*Aim of the exercise*:
Lines in which "Area" appears should be pulled from the data below.

• • • •

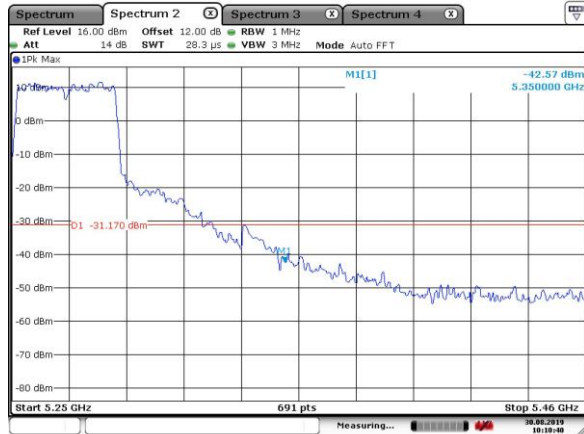

Date: 30.AUG.2019 09:02:53

5270MHz with SISO

Date: 30.AUG.2019 09:02:33

5310MHz with SISO

Date: 30.AUG.2019 09:08:04

5310MHz with SISO

Date: 30.AUG.2019 09:07:40

5270MHz with CDD

Date: 30.AUG.2019 09:36:50

5270MHz with CDD

Date: 30.AUG.2019 09:36:33

5310MHz with CDD

Date: 30.AUG.2019 09:40:49

5310MHz with CDD

Date: 30.AUG.2019 09:40:38

5270MHz with Beamforming

Date: 30.AUG.2019 10:10:40

5270MHz with Beamforming

Date: 30.AUG.2019 10:10:26

5310MHz with Beamforming

Date: 30.AUG.2019 10:15:20

5310MHz with Beamforming

Date: 30.AUG.2019 10:15:08

802.11ac(80MHz)

5290MHz with SISO

5290MHz with SISO

5290MHz with CDD

5290MHz with CDD

5290MHz with Beamforming

5290MHz with Beamforming

802.11ax(20MHz)

5200MHz with CDD
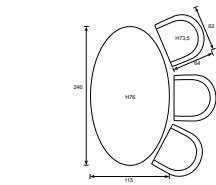

Dining Phuket/ Surabaja
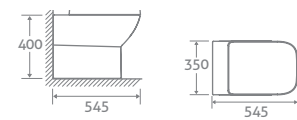

BACK TO WALL TOILET

H 400 x W 350 x D 545

- Includes soft closing seat. Wrap over seat has quick release hinges for easy cleaning
- Requires a cistern page 174

With Wrap Over Seat   15405   **£327**

With Slim Seat   80665   **£347**
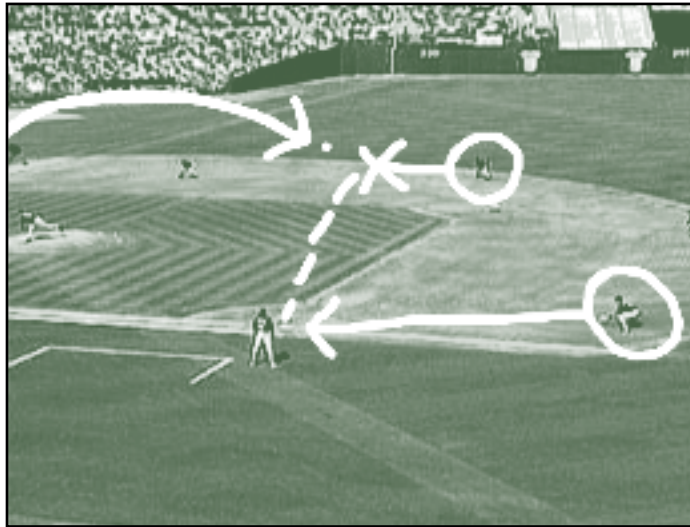

APPLICATIONS

- ▼ Live sporting events
- ▼ Team coaching and performance analysis
- ▼ Business and classroom presentations
- ▼ Video art or whiteboard drawings
- ▼ Karaoke bar or nightclub crowd entertainment
- ▼ Weather screen chroma key with sketcher
- ▼ Newsdesk video switching
- ▼ General video annotating
- ▼ Courtroom communication

FEATURES

- ▼ Two composite and S-video inputs
  One composite and S-video output
- ▼ Four Sketching modes, Input 1, Input 2, Inputs 1 and 2, or Backgrounds
- ▼ Chroma Key effects mode for quality "Weather screen" with overlay illustration
- ▼ Picture in Picture mode for over-the-shoulder news box
- ▼ Reveal mode uses markings to reveal background through the foreground
- ▼ "X" and "O" stamp shapes for play-by-play sports annotation
- ▼ Checkmark, arrow and bullet stamp shapes for presentations
- ▼ Rectangle and circle shapes for graphic montage
- ▼ Eight sports field backgrounds
- ▼ Grid, dot, 2 and 3 coordinate axis backgrounds
- ▼ Twelve pen colors and four pen sizes
- ▼ Ability to free-run for stand alone video sketch pad
- ▼ Input 2 has a synchronizing TBC with input freeze.
- ▼ Output is genlocked to Input 1
- ▼ Quality serial tablet with template
- ▼ Lightweight, rugged construction
- ▼ One-year warranty

StudioSketch Video Output

Sketch freely with the included electronic tablet. Your drawings are superimposed over live or frozen video inputs.
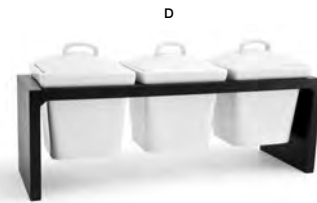

3 x 3 x 3

- Pack 6 DBO075WHP22
- Pack 12 DBO103WHP23

- C** 10" x 3" Triple Mod® Pot Holder - Natural  
Pot sold separately

10 x 3 x 3.25

Pack 2 BHO018BBB20

- D** 10" x 3" Triple Mod® Pot Holder - Black  
Pot sold separately
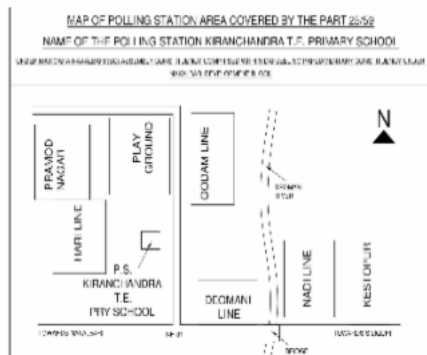

Nazri Naksha

Google Map View
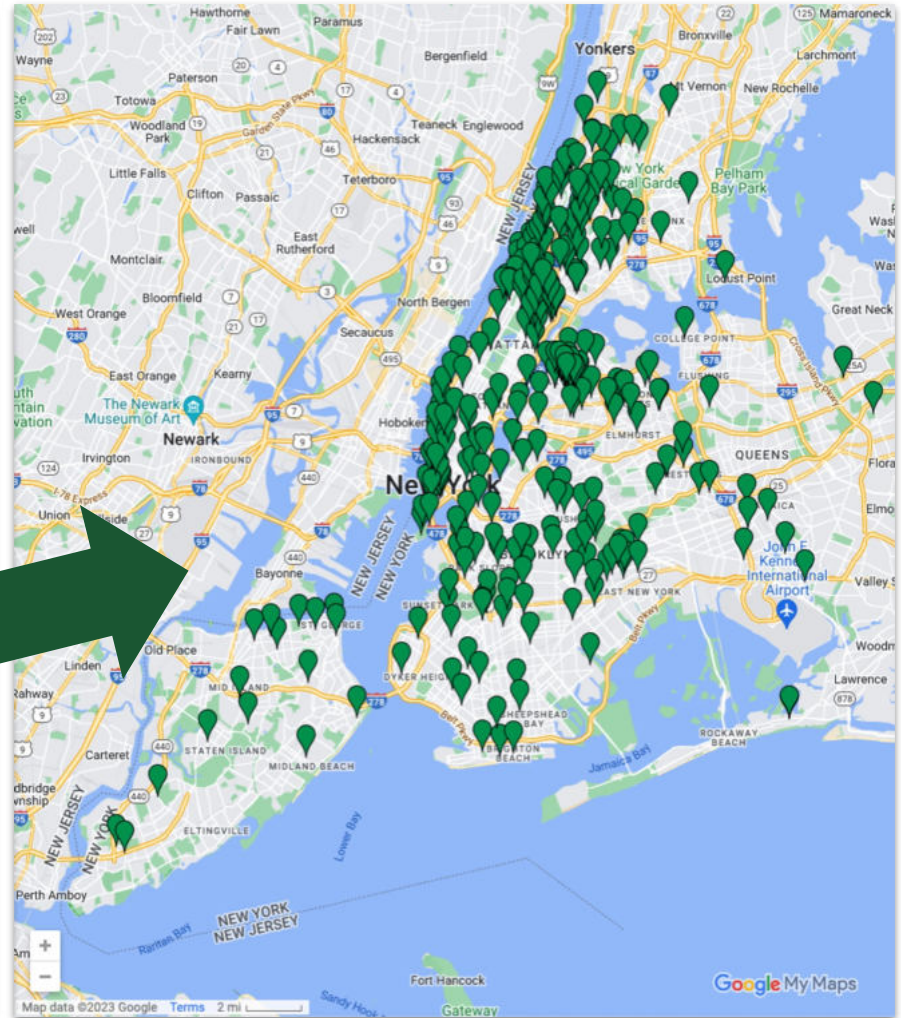

Drop-off Composting

Drop-off composting is one way residents can put their food and yard waste to good use, instead of being sent to a landfill. Use the map below to find locations where you can drop-off your food scraps and **Make Compost, Not Trash!** All food scraps are processed locally at community scale compost sites.

Before visiting a food scrap drop-off site:

- confirm that they are open and accepting food scraps
- review open hours listed on the map
- check flyer on the map to see what items are accepted
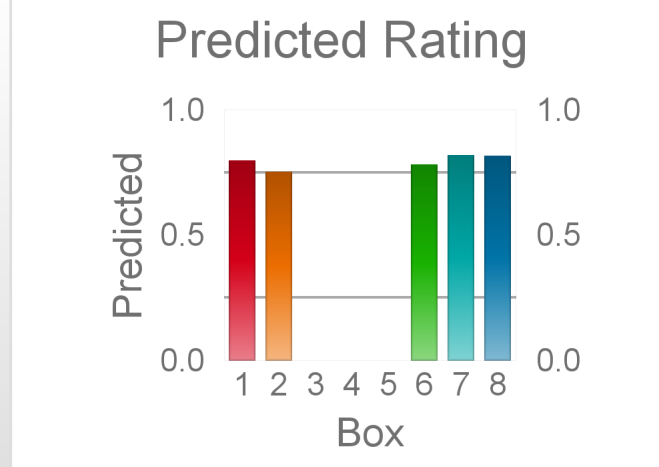

THE *get on!* CLUB

Date 12/9/2022 Track Ipswich Race 3 Distance 288 Start 11:52 am Rating +/- Early +/-

Box	No	Greyhound	Trainer	Rating	Early	Late	Today	Min	Max	Career	Confidence	Odds	Class		
1	1	Mr. Freeze	David Fitzgerald	74	92	92	79	?	?	4	0	1	1	25	?
2	2	Snow Storm	Malcolm Cuneo	71	91	91	75	72	77	2	0	0	0	100	19.78
3	3	Where's The Sky	Gary Pearce				?	?	?						
4	4	Ninja Blues	Darren Makowiecki				?	?	?						
5	5	Mr. Minute	Gerard Bowe				?	?	?						
6	6	Palmdale	Chris Brydon	80	93	94	78	75	80	4	0	2	0	100	5.21
7	7	Magic Simon	Anne Clelland			94	81	81	81						2.05
8	8	Majestic Shot	Brian Francis			94	81	81	81						2.13

The "Secret Ratings" greyhound rating service is exclusively available to Get On Club paid members only

<https://geton.club>
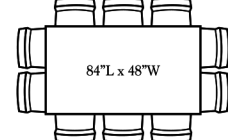

6 ft table, 6 chairs
Typical width = 38-42"

6 ft table, 8 chairs
(Tight on sides)
Typical width = 38-42"

6.5 ft table, 8 chairs
Typical width = 38-42"

7 ft table, 8 chairs
Typical width = 38-42"

7 ft table, 10 chairs
48" width shown (Tight on ends)
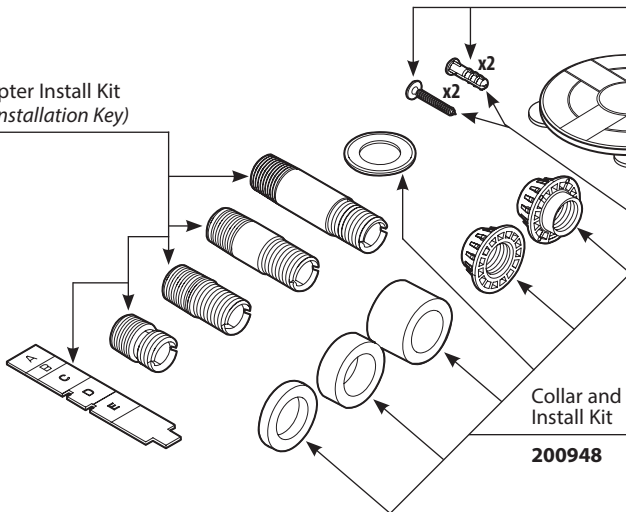

- 200944** Chrome
- 200944SRS** Spot Resist Stainless
- 200944BL** Matte Black

Plug for Handshower Outlet

200947

Inlet Filter with O-Rings

200945

Brass Adapter Install Kit
(Includes Installation Key)

200949

200948

Permanent Screw Kit
and Adhesive

200950

Bottom Bracket with Adhesive
and Screw Kit

200946
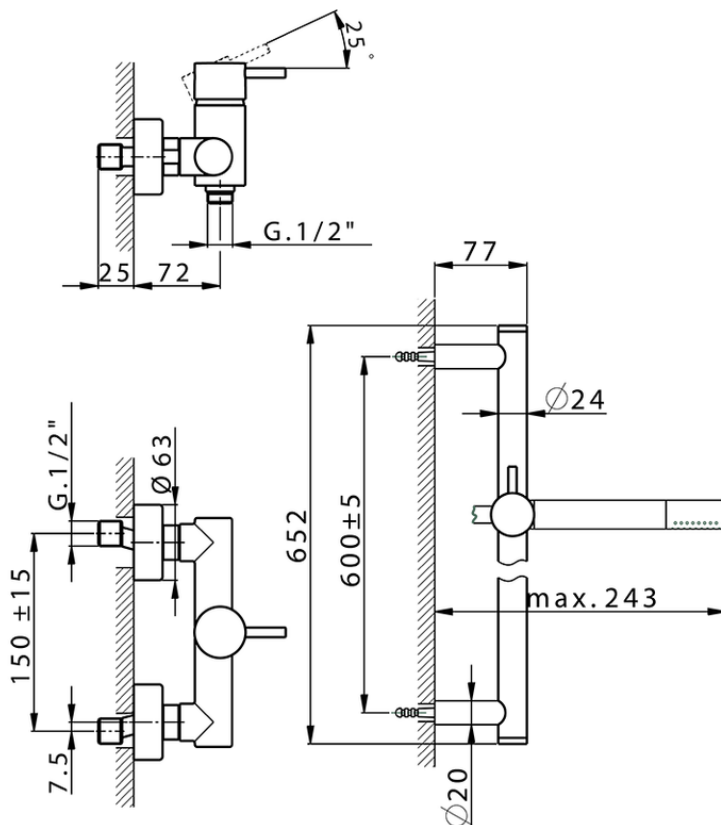

## Single lever shower mixer, with shower set SLIM\_SM000460

SM000460

<https://en.cisal.it/single-lever-shower-mixer-with-shower-set-slim-sm000460>

2026-06-13
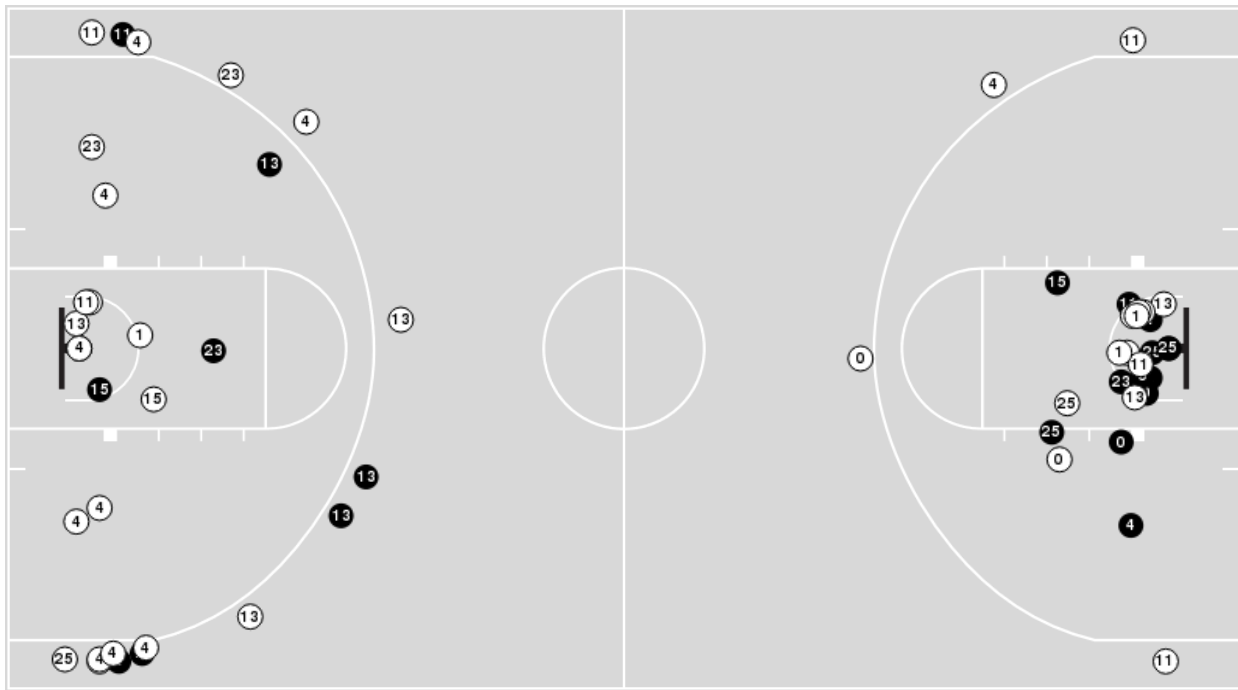

UTRGV at Kansas

11/20/22 Allen Fieldhouse, Lawrence
2022-23 Women's Basketball

Officials: Doug Knight, Josh Howell, Erica Parker

Players => AllFG Types=>AllResults=>All

Kansas

All Field Goals
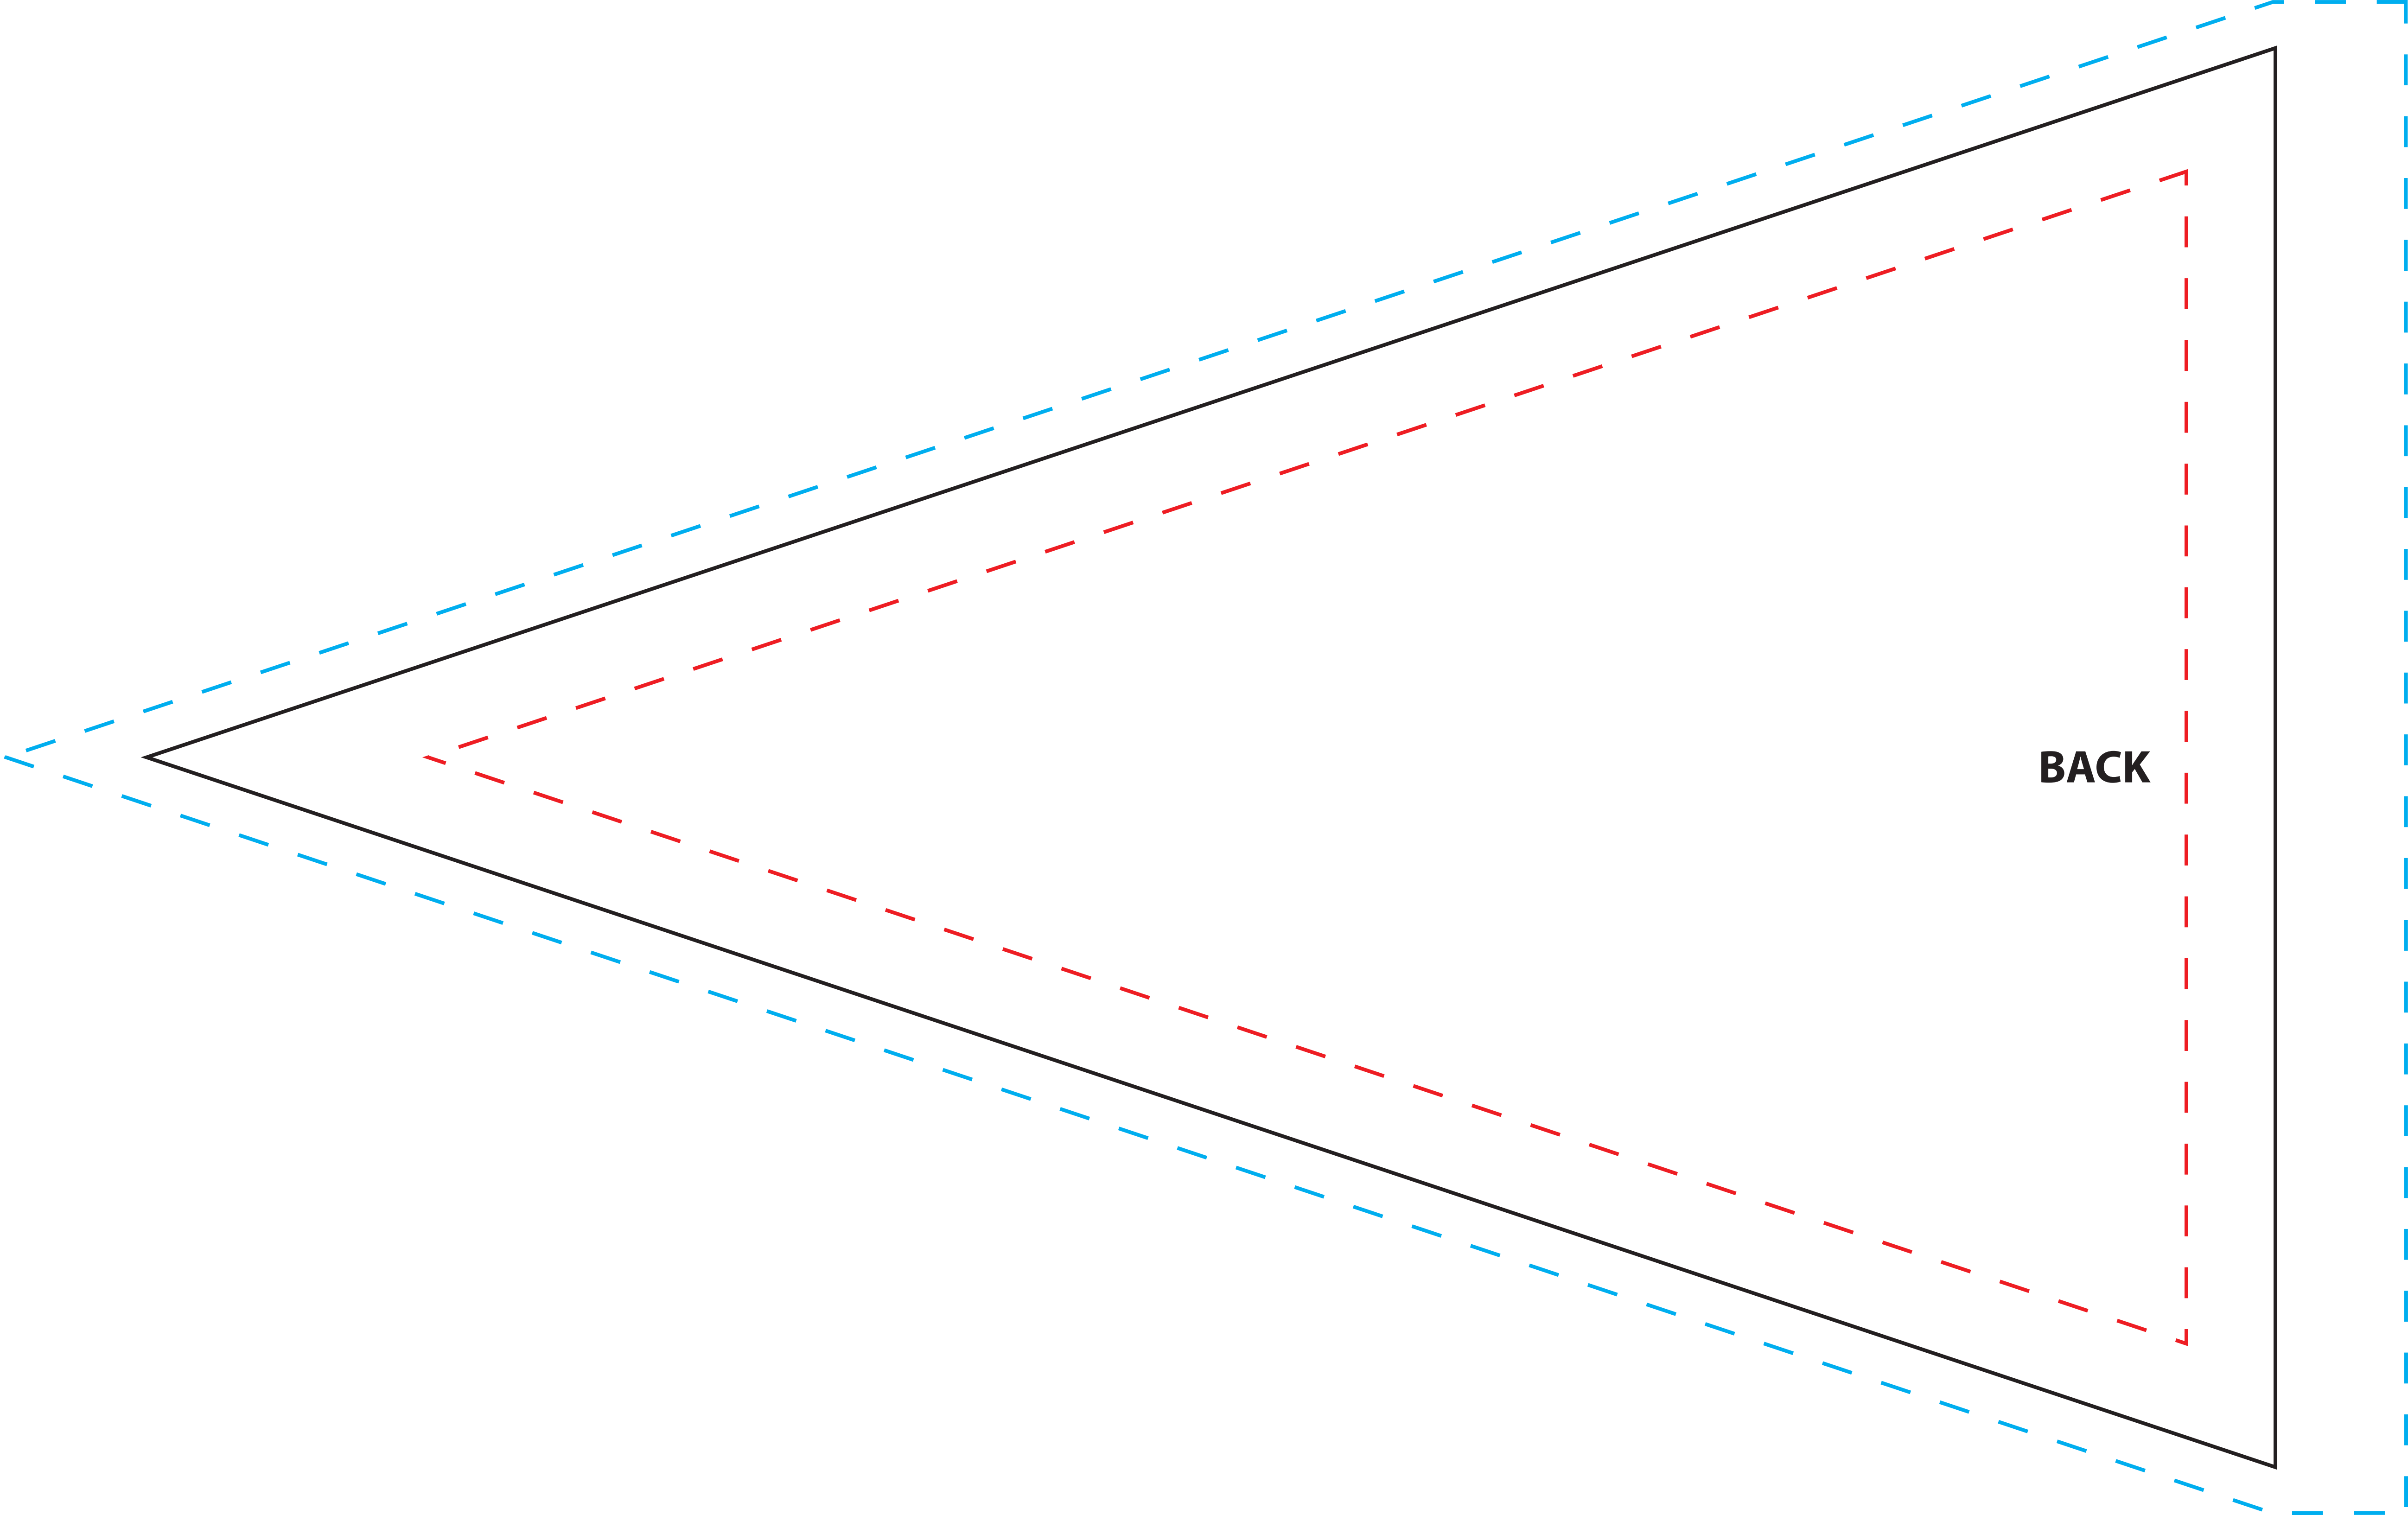

To be used properly, this template must be opened in a vector based graphic program like Adobe Illustrator.

16" x 24" Pennant Flag Template (100% Scale)

DPP-16TRID

DPP-16TRIDOS

Imprint Area: 13.25" x 19.75"

Notes:

- Keep all artwork away from the edge (reflected by the red dotted line) of the template.
- Any artwork that is intended to run off the edge requires bleed past the edge (reflected by the blue dotted line).
- **Use ONLY Pantone Solid Coated colors**
- **Convert all text to outlines**

FRONT

Imprint Area

Bleed Area

BACK

• • • •

*Expected answer*:
Imprint Area: 13.25" x 19.75"
Imprint Area
Bleed Area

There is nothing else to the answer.